Assim que entramos, minha mãe exagerada como sempre, me abraçou me apertando o máximo que conseguia ignorando os apelos brincalhões de meu pai que pedia para ela não me sufocar.

Quando ela me soltou eu pude ver seus olhos brilhando de alegria. Papai me olhava de cima a baixo reparando bem em meu hábito e de longe se via como ele estava orgulhoso. Acredito que ele é quem está mais feliz com a minha condição de noviça.

Edward estava sendo recebido com carinho pelos pais e Alice recebia Rosalie com um entusiasmo típico dela. Emmett tinha um sorriso tão grande no rosto que parecia que a qualquer momento ele se partiria em dois.

Passada a euforia do reencontro, todos nós nos acomodamos na sala de estar para conversarmos.

-Ai Irmã Rosalie eu estou tão feliz que tenha vindo. Finalmente eu vou ter uma amiga para conversar, eu sempre quis uma.

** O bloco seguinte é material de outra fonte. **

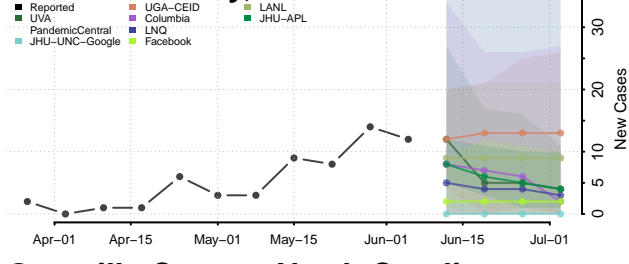

Graham County, North Carolina

-Do que você está falando Alice? Você tem um milhão de amigas – Emmett riu.

-Eu estou dizendo na família. Se o Jaz não tivesse trocado você por mim eu ainda seria jogada para escanteio, como sempre fui. Sem nem uma amiga, sem ninguém com quem conversar.

-E eu Alice? – reclamei – não sou boa o bastante para você? – ela revirou os olhos.

-A quem você quer enganar Bella? Você nunca foi minha amiga, você só fica com o Edward e ignora o mundo ao seu redor – Edward riu e eu fiz cara feia para ela.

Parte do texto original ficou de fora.